Type out each record word for word. Pictures stay out.

Stored dataset items:
- - -

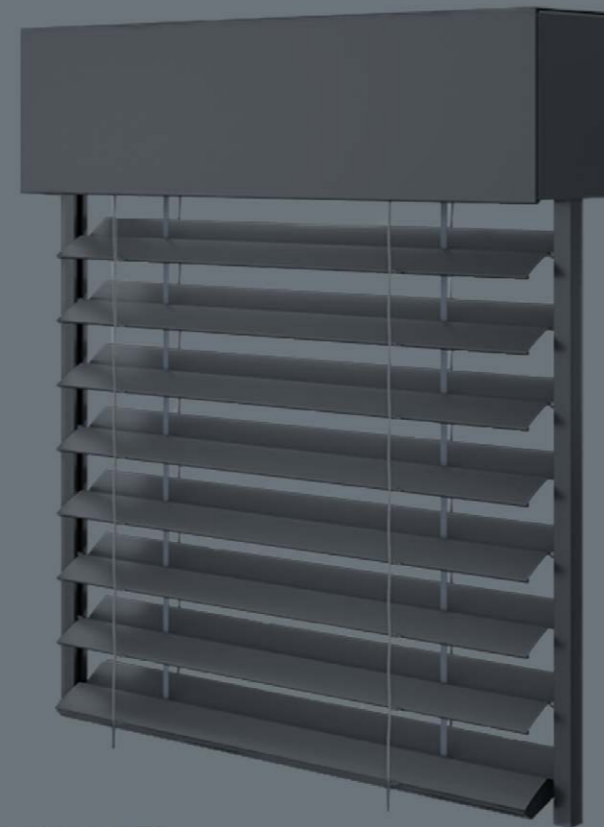

Venkovní žaluzie

Venkovní hliníkové a elektricky ovládané žaluzie

Lamela typ Z 90
Barva RAL 7016
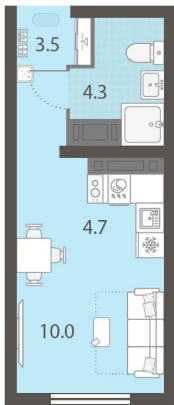

Класс жилья Стандарт

С отделкой

**3 768 525 руб.**  
спецпредложение

**4 187 250 руб.**  
базовая цена

[Ссылка на квартиру на сайте](#)

\*Данное предложение не является публичной офертой. Информация актуальна на 31.10.2024
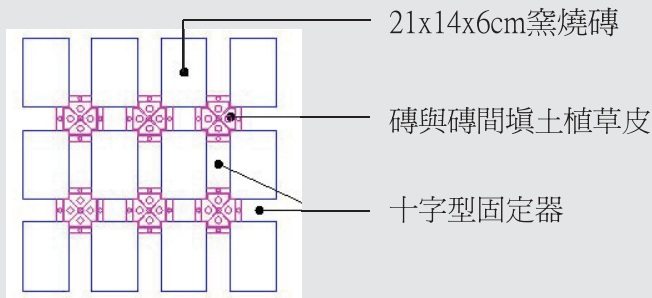

風景區意象表現

轉運站前人行穿越道

腳踏車道

橋面車道

植草陶磚

陶磚植草停車場完成面

陶磚+植草固定器

綠覆植草窯燒磚示意圖
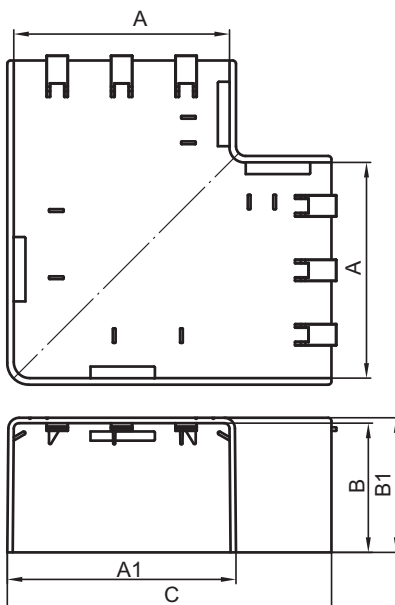

Аксессуары

Разделитель (перегородка), SEP

Назначение:

- разделение внутреннего пространства короба на секции для раздельной прокладки проводов и кабелей различного типа.

Характеристики:

- материал – композиция ПВХ;
- цвет – белый;
- специальный борт для удержания кабелей внутри секции короба;
- выпускаются в отрезках длиной 2 метра.

Типоразмеры коробов, мм	Тип разделителя	Размер А, мм	Размер В, мм	Размер С, мм	Вес, кг/м	Код
60x40, 80x40, 100x40, 120x40	SEP-N 40	23,1	27,5	13,3	0,180	09514
60x60, 80x60, 100x60, 120x60, 150x60, 200x60, 90x50, 110x50, 140x50	SEP-N 60/50	23,1	47,5	13,3	0,200	01415
100x80, 120x80, 150x80, 200x80	SEP-G 80	12	70,5	18	0,200	02416

Угол плоский, NPAN

Назначение:

- эстетичное оформление мест стыковки кабельных коробов в месте поворота трассы на 90° (L-образный поворот).

Характеристики:

- материал – АБС-пластик;
- цвет – белый.

Типоразмер короба, мм	Размеры, мм					Цвет	Вес, кг	Код
	А	В	А1	В1	С			
TA-EN 25x30	25	30	29,5	32,2	50	белый	0,024	01737
TA-EN 40x40	40	40	44,5	42,2	70	белый	0,042	01738
TA-GN 60x40	60	40	64,5	42,2	100	белый	0,084	01739
TA-GN 80x40	80	40	85,1	42,2	129,2	белый	0,116	01740
TA-GN 100x40	100	40	106,1	42,7	150,8	белый	0,161	01741
TA-GN 120x40	120	40	125,5	42,7	170	белый	0,237	01742
TA-GN 60x60	60	60	64,5	62,2	100	белый	0,121	01743
TA-GN 80x60	80	60	84,5	62,2	130	белый	0,143	01744
TA-GN 100x60	100	60	106,5	62,7	151	белый	0,188	01745
TA-GN 120x60	120	60	126,4	62,7	170,3	белый	0,249	01746
TA-GN 150x60	150	60	156,4	62,7	200,3	белый	0,340	01747
TA-GN 200x60	200	60	205,5	62,7	250	белый	0,496	01748
TA-GN 100x80	100	80	105,5	82,7	150	белый	0,310	01749
TA-GN 120x80	120	80	125,5	82,7	170	белый	0,372	01750
TA-GN 150x80	150	80	155,5	82,7	200	белый	0,398	01751
TA-GN 200x80	200	80	205,5	82,7	250	белый	0,537	01752

- - -

## Task output
Venkovní žaluzie

Venkovní hliníkové a elektricky ovládané žaluzie

Lamela typ Z 90
Barva RAL 7016

Класс жилья Стандарт

С отделкой

**3 768 525 руб.**  
спецпредложение

**4 187 250 руб.**  
базовая цена

[Ссылка на квартиру на сайте](#)

\*Данное предложение не является публичной офертой. Информация актуальна на 31.10.2024

風景區意象表現

轉運站前人行穿越道

腳踏車道

橋面車道

植草陶磚

陶磚植草停車場完成面

陶磚+植草固定器

綠覆植草窯燒磚示意圖

Аксессуары

Разделитель (перегородка), SEP

Назначение:

- разделение внутреннего пространства короба на секции для раздельной прокладки проводов и кабелей различного типа.

Характеристики:

- материал – композиция ПВХ;
- цвет – белый;
- специальный борт для удержания кабелей внутри секции короба;
- выпускаются в отрезках длиной 2 метра.

Типоразмеры коробов, мм	Тип разделителя	Размер А, мм	Размер В, мм	Размер С, мм	Вес, кг/м	Код
60x40, 80x40, 100x40, 120x40	SEP-N 40	23,1	27,5	13,3	0,180	09514
60x60, 80x60, 100x60, 120x60, 150x60, 200x60, 90x50, 110x50, 140x50	SEP-N 60/50	23,1	47,5	13,3	0,200	01415
100x80, 120x80, 150x80, 200x80	SEP-G 80	12	70,5	18	0,200	02416

Угол плоский, NPAN

Назначение:

- эстетичное оформление мест стыковки кабельных коробов в месте поворота трассы на 90° (L-образный поворот).

Характеристики:

- материал – АБС-пластик;
- цвет – белый.

Типоразмер короба, мм	Размеры, мм					Цвет	Вес, кг	Код
	А	В	А1	В1	С			
TA-EN 25x30	25	30	29,5	32,2	50	белый	0,024	01737
TA-EN 40x40	40	40	44,5	42,2	70	белый	0,042	01738
TA-GN 60x40	60	40	64,5	42,2	100	белый	0,084	01739
TA-GN 80x40	80	40	85,1	42,2	129,2	белый	0,116	01740
TA-GN 100x40	100	40	106,1	42,7	150,8	белый	0,161	01741
TA-GN 120x40	120	40	125,5	42,7	170	белый	0,237	01742
TA-GN 60x60	60	60	64,5	62,2	100	белый	0,121	01743
TA-GN 80x60	80	60	84,5	62,2	130	белый	0,143	01744
TA-GN 100x60	100	60	106,5	62,7	151	белый	0,188	01745
TA-GN 120x60	120	60	126,4	62,7	170,3	белый	0,249	01746
TA-GN 150x60	150	60	156,4	62,7	200,3	белый	0,340	01747
TA-GN 200x60	200	60	205,5	62,7	250	белый	0,496	01748
TA-GN 100x80	100	80	105,5	82,7	150	белый	0,310	01749
TA-GN 120x80	120	80	125,5	82,7	170	белый	0,372	01750
TA-GN 150x80	150	80	155,5	82,7	200	белый	0,398	01751
TA-GN 200x80	200	80	205,5	82,7	250	белый	0,537	01752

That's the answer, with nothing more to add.